Just because Unicode does not provide a method to announce or register a
convention doesn't mean all behavior should reverently be treated as a
convention.

If so, how many dotted circles should appear?
>
> Possibly none. An implementation need not support any particular
> collection of characters. But an implementation that supports U+25CC
> must treat it as a spacing character, and an implementation that
> supports e.g. U+0300 must treat it as a combining mark. So if the
> implemention is capable of visually rendering them, it shall render
> U+25CC U+0300 as a dotted circle with an acute accent above it.

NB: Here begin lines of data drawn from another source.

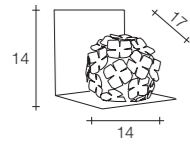

Orten'zia wall sconce

Body

Diffuser	Canopy	Cord	Source	Max power	Dimming	Code	Price €
Nickel plated	Nickel plated	-	G9 Led dimmable	3,5W	all systems	ØM56A E7 C8.	465
Gold plated	Gold plated	-	G9 Led dimmable	3,5W	all systems	ØM56A L6 C8.	555

G9 Led light bulbs are not included

1,5 | 2 20x20x20 cm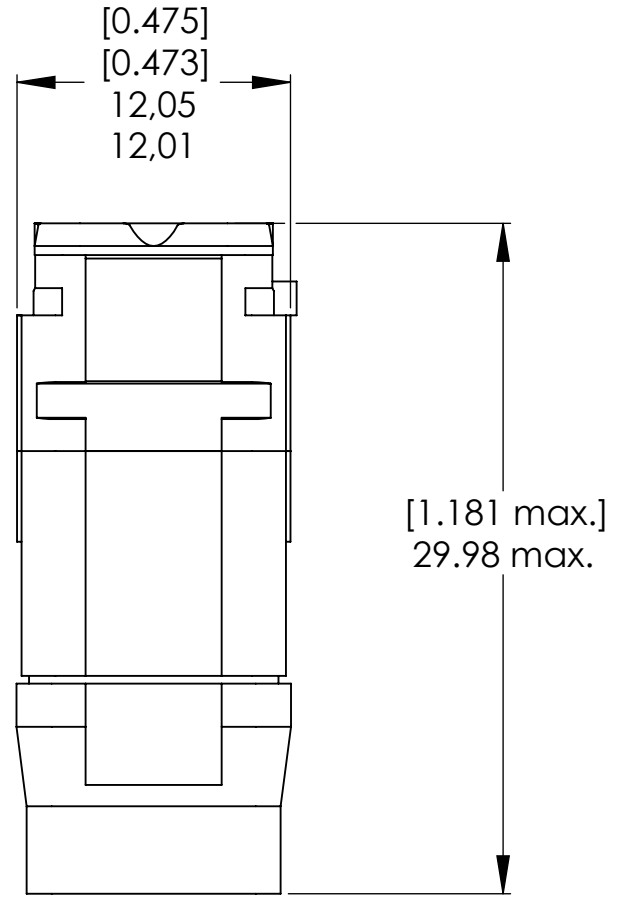

Series
EPXB

ENVIRONMENTAL PIN INSERT 'B' KEYING
12 CAVITIES FOR ML or MT LuxCis OPTICAL CONTACTS

Issue:
Aug. 10,09

Page
1/1

Front view
Mating face

Rear view
Cavity identification

MATERIAL:

INSERT: Fiberglass filled thermosetting
RETENTION CLIP: Berillium copper
REAR GROMMET & INTERFACIAL SEAL: Fluorosilicone elastomer

DIMENSIONS : mm (inch are given for information only)

CREATION	Aug. 10,09	Add "Refer to LuxCis maintenance to use this product"	SURAUULT	PESSARD
	Nov. 05,08	Title updated "socket insert" became "pin insert"	SURAUULT	PESSARD
PEN:	April 03,08	Front view updated	SURAUULT	PESSARD
	Mar. 11,08	Rear marking updated	SURAUULT	PESSARD
NOM: HUGER D.		30.00.29.20 --> 28.98 max- 0.474--> 0.475 sup. cavities or environmental insert for HL/HT (hexagonal) LuxCis optical contact- TITLE UPDATED		
DATE: May 02 2006	Apr 17,07	sup. insert material: High grade thermoplastic	SURAUULT	PESSARD
APPR.: PESSARD M.	Issue	Revisions	Name	Approved

In
> this case, exactly one dotted circle should appear, then.
>
> Implementations often have bugs in dealing with combinining mark. This
> may depend on the rendering software, or on the font.

And bugs are bugs and not conventions.
>
>> If the sequence is not plain text, what mark-up notations are
>> available to control the number of dotted circles produced? I
>> am particularly interested in notation for HTML, e.g. via a style
>> sheet. Should the sequence instead be treated as a graphic?
>
> I don’t understand these questions. If the sequence is treated as
> other than plain text, then the results depend on the specific “rich
> text” or other conventiones applied.

A typical convention is the "show special characters" in many editors.
If such a feature included making visible combining marks by forcing
them to appear as isolated marks (not part of a sequence) and over a
dotted circle.

There are some conventions that show an extra dotted circle for certain
ill-formed sequences involving combining marks. Script-specific
combining marks may indeed have contexts in which they make no possible
sense. General purpose combining marks are not so restricted and to show
dotted circles with them is a bug.

Incidentally, the dotted circle shown in the Unicode Code charts is
*not* 25CC, and if I were to implement a "show dotted circle" feature in
a program I would not use 25CC for this - that character has a standard
glyph of rather unsuitable metrics for the purpose, never mind that many
people have co-opted it.
>
>> This question is prompted by a confused discussion of what the notation
>> <U+25CC, U+0E31 THAI CHARACTER MAI HAN-AKAT, U+25CC> on a web page
>> meant.
>
> What it means is a different issue. U+25CC is a symbol that can be
> used in a variety of meanings. I don’t think it means anything
> specific to most people, unless a definition is given. U+0E31 is a
> Thai vowel sign, and I don’t think any meaning in general has been
> assigned to it when applied to something else than a Thai letter.
>
> The rendering of the sequence is a different matter. Not surprisingly,
> tests on IE 10 show varying results. Using my test page
> http://www.cs.tut.fi/~jkorpela/listfonts1.html
> that renders, on IE, a given string in all the fonts available in the
> system, I noticed that on my system, only SunExt-A and Unifont result
> in correct rendering. Using Arial Unicode MS, the rendering is correct
> except for the circles being dashed, and I think this is incorrect for
> U+25CC, as it violates the identity of the character as a dotted circle.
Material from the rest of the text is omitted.